Tuesday 29 July 2008

A Momentous Hair Cut

Today, while at the hairdresser's to get my two-monthly trim, I had an itch to write. This itch was provoked by a turban lying on a nearby chair as I sat waiting for my turn. Glancing ahead, I saw a mirror with the reflection of an Indian-looking man, a pair of scissors swiftly moving across his forehead. Glancing below, I saw a garden of dark hair against the light-coloured floorboards of the salon - big and small ringlets forming such intricate patterns that their random beauty almost broke my heart.

Born in a Sikh family, I first cut my hair five years ago when I moved to Australia. I suspect this was the case for the aforementioned gentleman as he later took a picture of his newly hair-shorn self on his phone camera. This photo would now be on its way to friends and lovers, but what about family? I am still reprimanded every time I go home with slightly shorter hair, or unusual layers, or anything deemed too foreign. And despite being independent in every way possible, I occasionally experience pangs of guilt. Not for breaking some religious code, but simply for missing my former long, thick, straight locks in all their natural unruliness. They are not all gone, simply altered over the course of the last few years. This progressive change has not made me more Australian and less Indian, but it has reflected the changing colours and textures of my inner turmoil as I spend more time overseas. 

Love of Life

I love life so much that to my senses, every moment is a photograph worth capturing - sometimes joyous, at other times imbued with pathos, but mostly beautiful.

Thursday 24 July 2008

Unaccustomed Earth (Aut. Jhumpa Lahiri)

In this book, a collection of eights stories in two parts, Jhumpa Lahiri outdoes the humane literary genius she displayed in The Interpreter of Maladies and The Namesake. Like her previous tales, the most recent ones are about first and second-generation Bengali immigrants in the United States. Her narrative style pays close attention to small, seemingly trivial items that compose the domestic sphere and populate the lives of dis/placed migrants. This sphere is the fragile zone where the negotiation of cultural identity and inter-generational conflict takes place. Also important is the subtlety in the writerly staging of this conflict as rarely do we come across shouting matches or catastrophic events. Instead, there are siblings growing apart, spaces left by dead mothers that the surviving members of the family struggle to fill, inter-cultural marriages and relationships that are often not very different in their love-strife dichotomy from unions arranged by parents, lives variously taken over by lovers and careers, and children who inherit both a heritage and a sense of loss.

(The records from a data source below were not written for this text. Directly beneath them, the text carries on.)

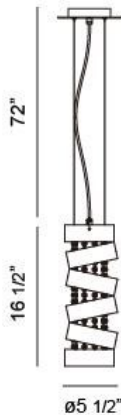

ARIELLA, 6" ROUND PENDANT

PRODUCT DETAILS

No.	:	20389-017
Product Color	:	CHROME
Product Material	:	METAL
Shade / Accent Colour	:	CHROME/CLEAR
Shade / Accent Material	:	METAL/CRYSTAL
Diameter	:	5.5"
Height	:	16.5"
Overall Height	:	89.5"
Weight	:	6lbs

LIGHT SOURCE DETAILS

Number of Bulbs	:	1
Light Source	:	Halogen
Light Source Type	:	GU10
Input Voltage	:	120V
Bulb Voltage	:	120V
Socket Type	:	GU10
Wattage	:	50W
Total Wattage	:	50W
Bulb Included	:	No
Dimmable	:	Yes

Options Available

ITEM NO.	FINISH	SHADE
20389-017	CHROME	CHROME/CLEAR

TECHNICAL DETAILS

Light Direction	:	Down
Hanging Support Type	:	AIRCRAFT CABLE
Hanging Support Length	:	72"
Canopy / Backplate Height	:	1"
Adjustable Lamp Head	:	No
Approval	:	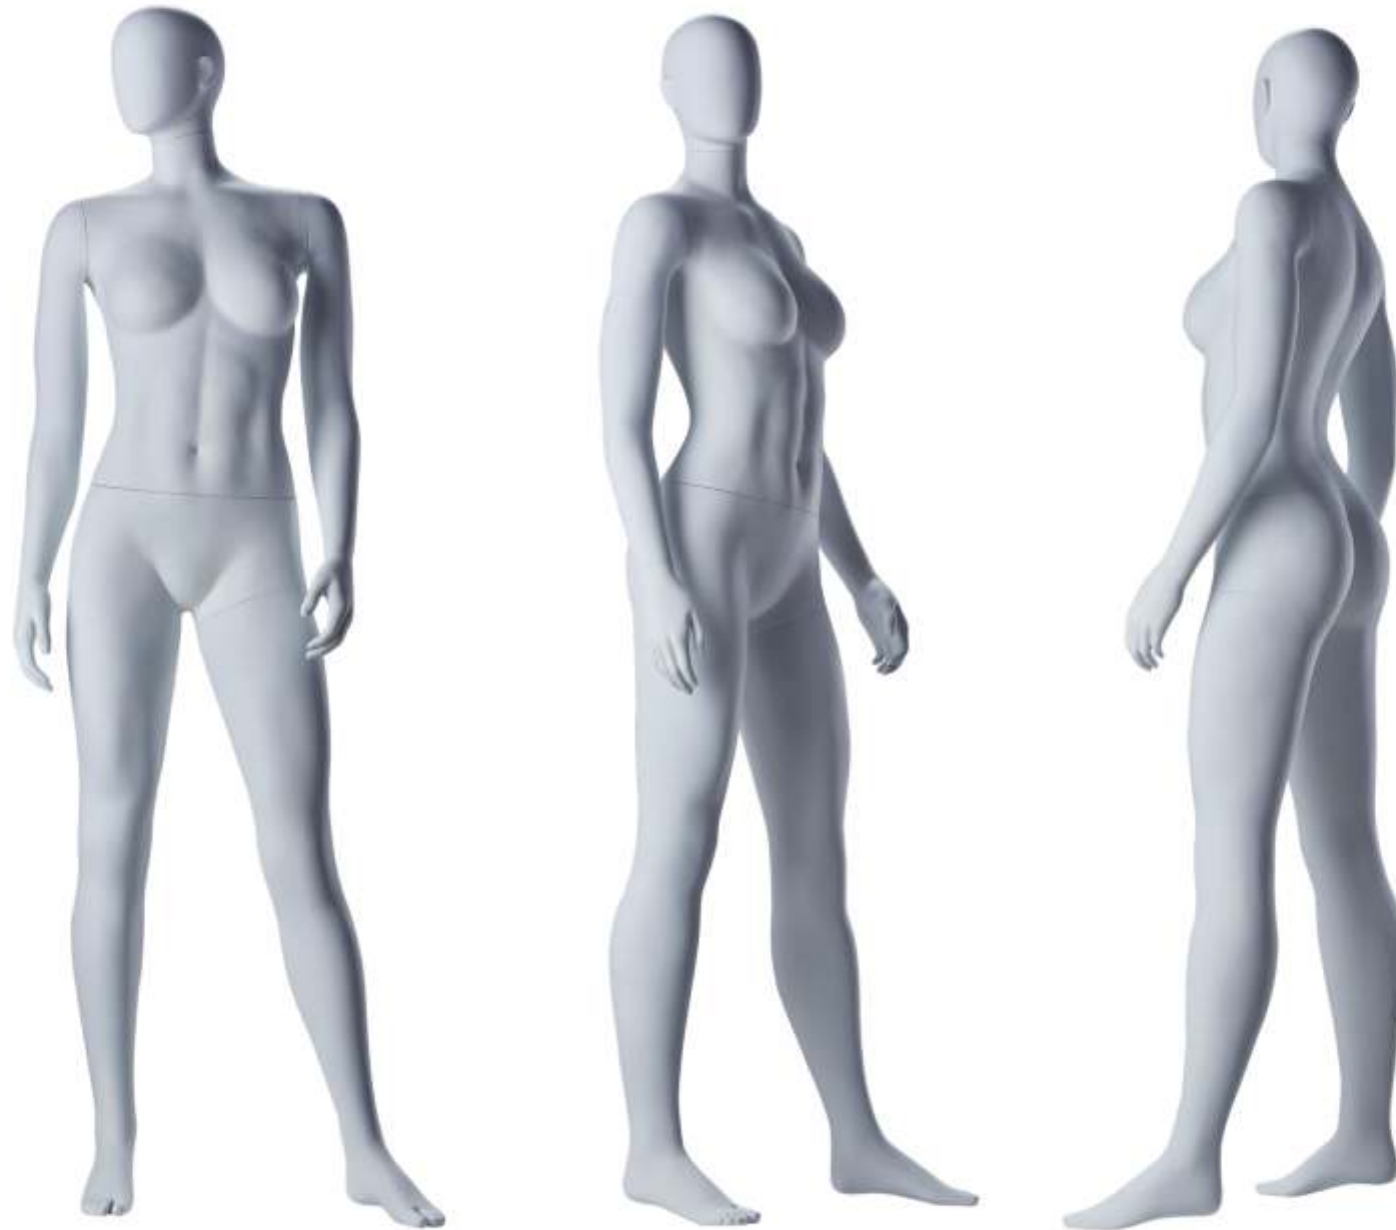

Lifestyle

CREATING AMAZING MANNEQUINS
WITH SUSTAINABILITY IN THEIR HEART.

IDW

MEASUREMENTS FEMALE

HEIGHT / 181CM / 71.3 INCHES

CHEST / 84CM / 33.1 INCHES

WAIST / 66CM / 26.0 INCHES

HIP / 93CM / 36.6 INCHES

SHOE SIZE 38

MEASUREMENTS FEMALE

HEIGHT / 181CM / 71.3 INCHES

CHEST / 84CM / 33.1 INCHES

WAIST / 66CM / 26.0 INCHES

HIP / 93CM / 36.6 INCHES

HEEL / 1CM / 0.4 INCHES

SHOE SIZE 38

MEASUREMENTS FEMALE

HEIGHT / 181CM / 71.3 INCHES

CHEST / 84CM / 33.1 INCHES

WAIST / 66CM / 26.0 INCHES

HIP / 93CM / 36.6 INCHES

HEEL / 1CM / 0.4 INCHES

SHOE SIZE 38

MEASUREMENTS FEMALE

HEIGHT / 181CM / 71.3 INCHES

CHEST / 84CM / 33.1 INCHES

WAIST / 66CM / 26.0 INCHES

HIP / 93CM / 36.6 INCHES

HEEL / 1CM / 0.4 INCHES

SHOE SIZE 38

MEASUREMENTS FEMALE

HEIGHT / 181CM / 71.3 INCHES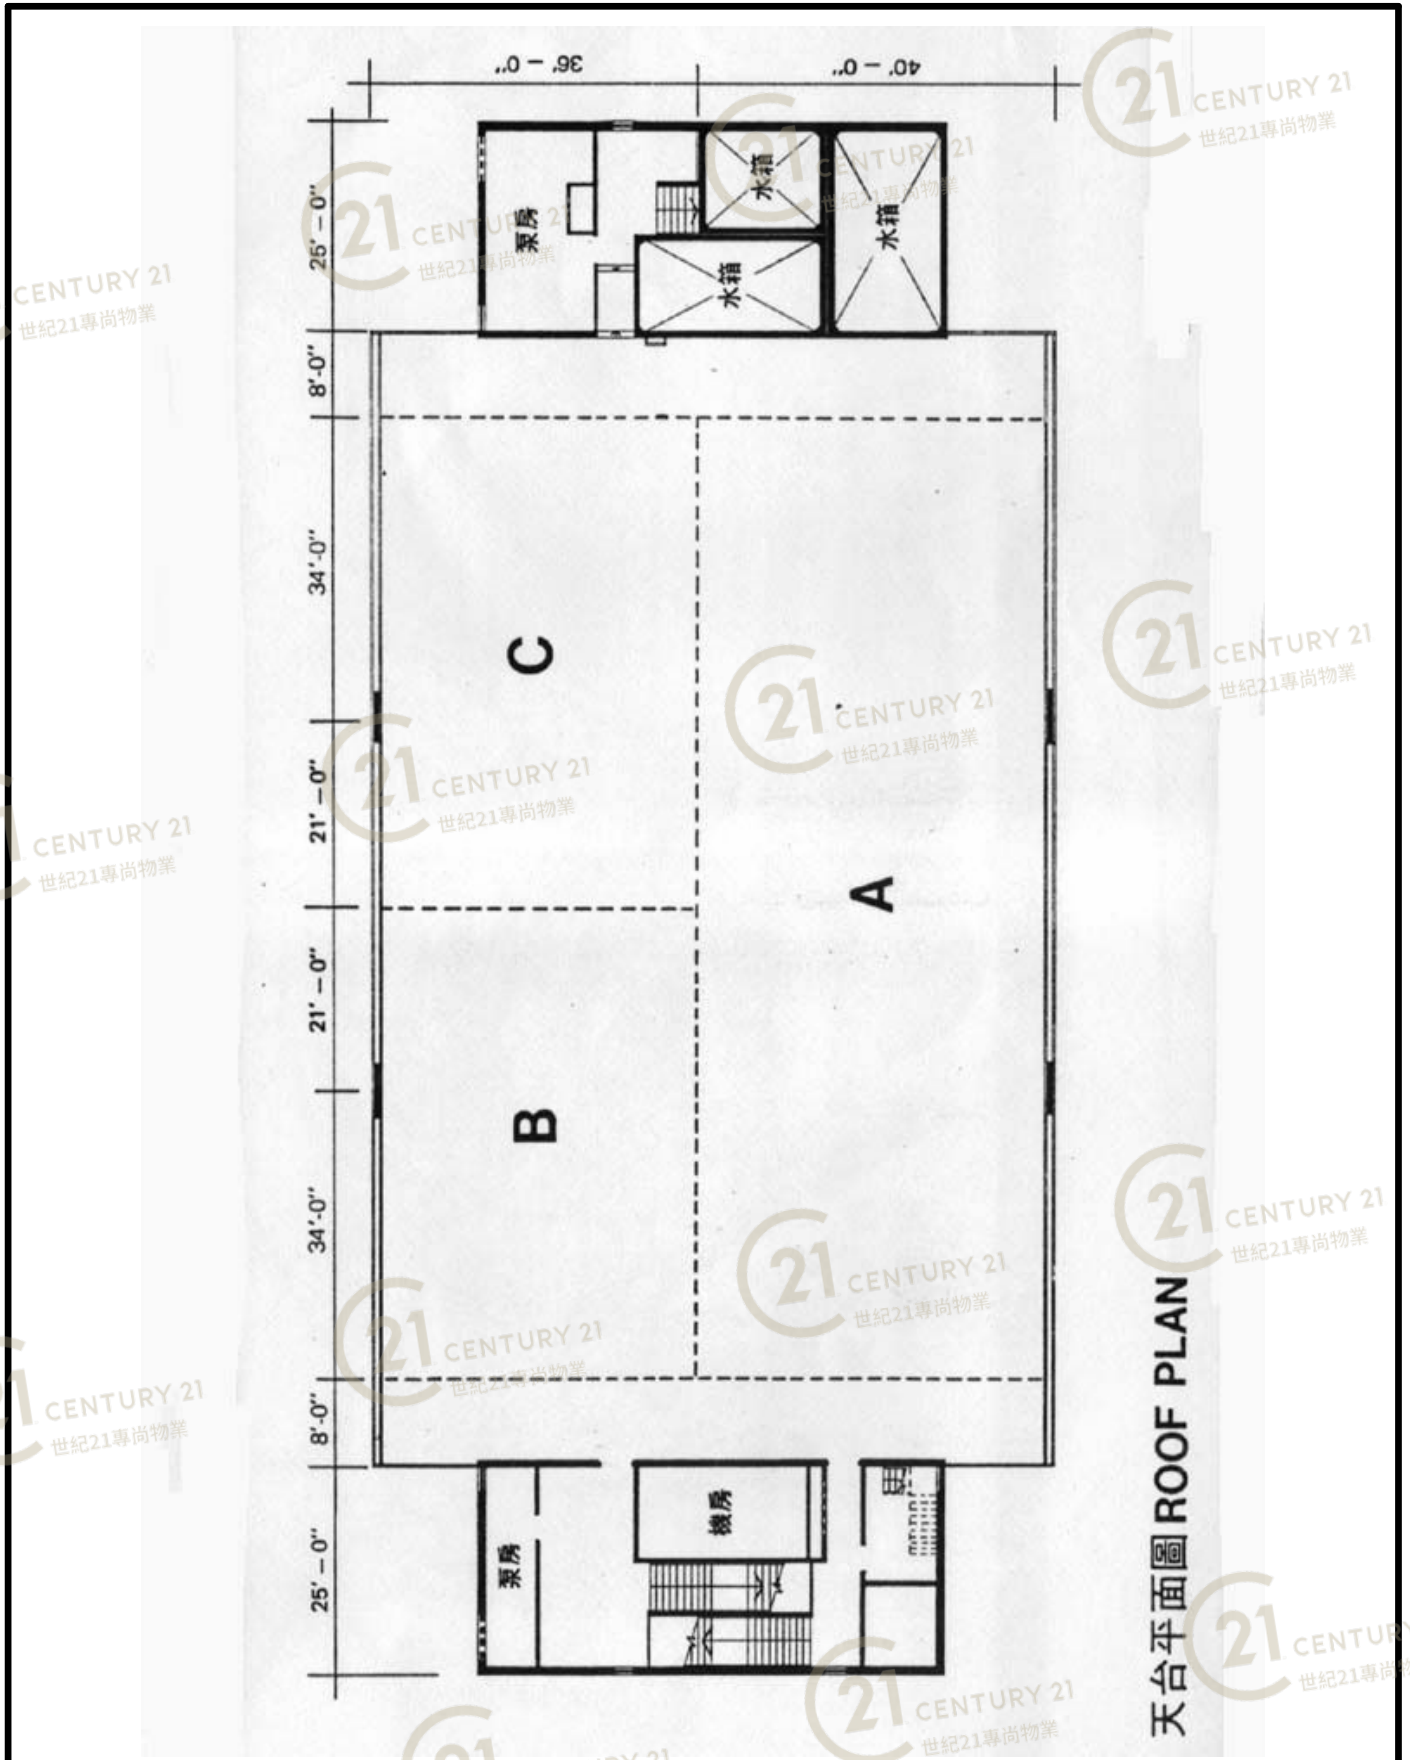

圖中所有數據比例，一概只作參考之用

平面圖

Floor Plan

四樓平面圖 4TH FLOOR PLAN

怡成工業大廈 Success Industrial Building

NOT TO SCALE, FOR IDENTIFICATION PURPOSE ONLY

圖中所有數據比例，一概只作參考之用

平面圖

Floor Plan

怡成工業大廈 Success Industrial Building

NOT TO SCALE, FOR IDENTIFICATION PURPOSE ONLY

圖中所有數據比例，一概只作參考之用

平面圖

Floor Plan

怡成工業大廈 Success Industrial Building

NOT TO SCALE, FOR IDENTIFICATION PURPOSE ONLY

圖中所有數據比例，一概只作參考之用

平面圖

Floor Plan

怡成工業大廈 Success Industrial Building

NOT TO SCALE, FOR IDENTIFICATION PURPOSE ONLY

圖中所有數據比例，一概只作參考之用

平面圖

Floor Plan

AL BUILDING, 7 KIN FAT STREET, TUEN MUN, N.T., T.M.T.L. no.85

16/F FLOOR PLAN

	UNIT 1	UNIT 2	UNIT 3	UNIT 5	UNIT 6	UNIT 7	STORE 1	UNIT 8	UNIT 9	UNIT 10	UNIT 11	UNIT 12	UNIT 13	STORE 2	TOTAL
SALEABLE FLOOR AREA (SQ.M.)	56.1	58.3	58.3	58.3	58.3	89.4	24.2	81.6	76.3	76.3	76.3	76.3	76.1	10.6	831.4
GROSS FLOOR AREA (SQ.M.)	75.2	78.2	78.2	78.2	78.2	78.8	30.4	82.7	105.3	105.3	105.3	102.3	99.6	26.3	1114.8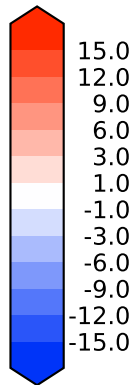

Difference

Max 3.77
Mean -0.29
Min -3.12

RMSE 1.30
CORR 1.00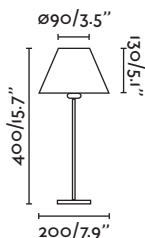

Nidia

68423 matt nickel/níquel mate

1x E27 MAX 15W LED [I7462]

Body Metal

Shade Linen/Lino

Banker

68333 bronze/bronce

68334 old gold/oro viejo

1x E27 MAX 15W LED [I7463]

Body Metal

Diff Glass/Cristal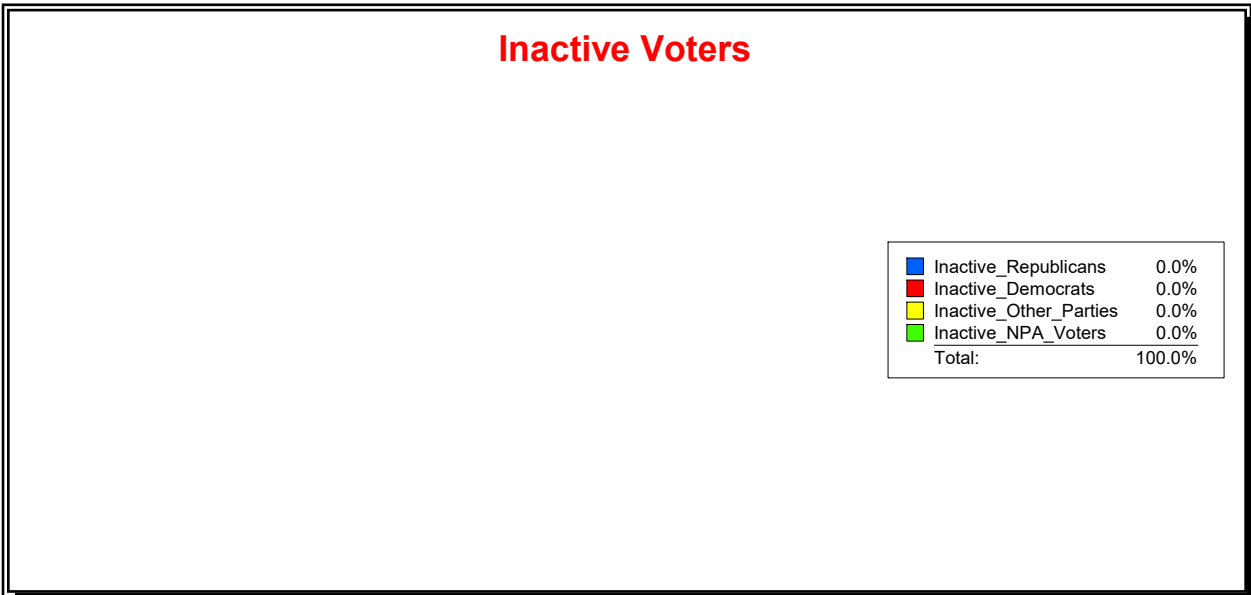

Ron Turner

Supervisor of Elections

Sarasota County, FL

Date 12/1/2023

Time 07:49 AM

Graphs of District Registration

Active Registered Voters

Inactive Voters

<u>District</u>	<u>Total</u>	<u>Dems</u>	<u>Reps</u>	<u>NonP</u>	<u>Other</u>	<u>Total</u>	<u>Dems</u>	<u>Reps</u>	<u>NonP</u>	<u>Other</u>
LBK DISTRICT 5	0	0	0	0	0	0	0	0	0	0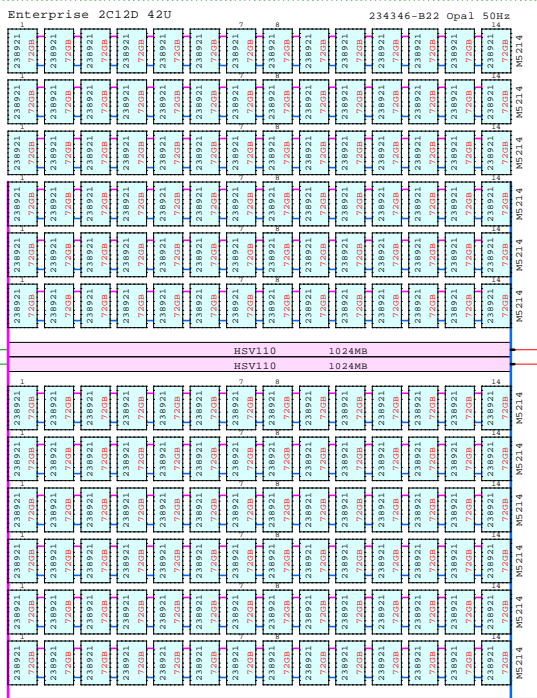

165989-B21 SecPath V3.1a NT 1-lic
165982-B21 SecPath V3.1a NT 5-lic
165983-B21 SecPath V3.1a NT 10-lic
165984-B21 SecPath V3.1a NT 25-lic
165985-B21 SecPath V3.1a NT 50-lic

Optional Snapshot Software:

- 253255-B21 Snapshot for 1.6TB
- 253256-B21 Snapshot for 3.1TB
- 253257-B21 Snapshot for 6.2TB
- 253258-B21 Snapshot for 12.3TB
- 274522-B21 Snapshot for 17.5TB
- 253259-B21 Snapshot Upg 1.6-3.1TB
- 253260-B21 Snapshot Upg 1.6-6.2TB
- 253261-B21 Snapshot Upg 1.6-12.3TB
- 253262-B21 Snapshot Upg 3.1-6.2TB
- 253263-B21 Snapshot Upg 3.1-12.3TB
- 253264-B21 Snapshot Upg 6.2-12.3TB
- 274523-B21 Snapshot Upg 1.6-17.5TB
- 274524-B21 Snapshot Upg 3.1-17.5TB
- 274525-B21 Snapshot Upg 6.2-17.5TB
- 274526-B21 Snapshot Upg 12.6-17.5TB

Optional Hard Work:

- 258158-888 Mfg.Inst of Opt. US
- 263734-999 Mfg.Inst of Opt. EU

234457-B23 FC-cable 15m
234457-B23 FC-cable 15m
160407-B21 2dn power for SANsw
167365-B21 Rack kit for SANsw

234457-B23 FC-cable 15m
234457-B23 FC-cable 15m
160407-B21 2dn power for SANsw
167365-B21 Rack kit for SANsw

Enterprise 2C12D 168x 72.8GB = 12.2TB

Enterprise 0C6D

234347-B22 Enterprise 0C6D FC 50HZ 42U opal

250203-B21 VCS V1.0 for HSV110 pair
263734-999 Mfg.Inst of Opt. EU

165989-B21 SecPath V3.1a NT 1-lic
253258-B21 Snapshot for 12.3TB

263734-999 Mfg.Inst of Opt. EU
274526-B21 Snapshot Upg 12.6-17.5TB

MAX 240 Disk Drives

BOM of Enterprise 0C6D

Part Number	Qty	Description
234347-B22	1	Enterprise 0C6D FC 50HZ 42U opal
238921-B21	72	72GB 10k dual-port FC 2GB/s disk 1"
263734-999	1	Enterprise Factory inst. of opt. CTO EU
274526-B21	1	SNP VCS V1.0 Upg 12.6-17.5TB, Snapshot

As the book progressed, the stories seemed to become more tragic rather than being simple chronicles of the migrant condition. When the flawed hero of the final story jumped into the fatal tidal waves of the oncoming tsunami, I was compelled to confront this question - Are these stories life-affirming or simply realistic? While I, as a displaced reader, would like to cling to any remnant of hope, it appears that Lahiri is keen for this hope to emerge from the loss itself. The loss then, whether cultural or human or material, becomes an absence with the potential to be filled with something else. Something equally flawed, equally tangible.

Monday 14 July 2008

I don't know how to know

Instead of introducing writer-director Adam Brooks's film Definitely, Maybe (2008) with the regular movie title and filmmaker's name that I use for film reviews on this blog, I decided to make an exception this time. Then the question arose - is this film worthy of an exception? A quick skim through Google, IMDB and Wikipedia revealed that although it was released around Valentine's Day this year, the so-called rom-com indeed fared well with the critics. Some even went to the extent of calling it a 'sophisticated chick flick' or a 'seriocom'.

Pre-decided genres, new classifications and critics' opinions aside, what did I think of this film? Aware of the gushing honesty of my next comment, I must now reveal that I felt more than I thought. Even intellectual gems like one of the lead female character's declaration to politcal consultant Will Hayes ('I don't know how to know') evoked an embodied rather than a cerebral response in me. I did not sit down and ponder over the philosophical implications of not knowing, or the historical antecedents of the science of ontology, or the postmodern anarchy resulting from a generation faced with too much choice. Embarking on the film's dialectical journey of the despair of succesive heartbreaks and the hope of potential discovery, I was swayed, moved, tossed and turned until the destination beckoned. And it was a sweet end. Realistic or willing suspension of disbelief? I'll tell you when I know how to know.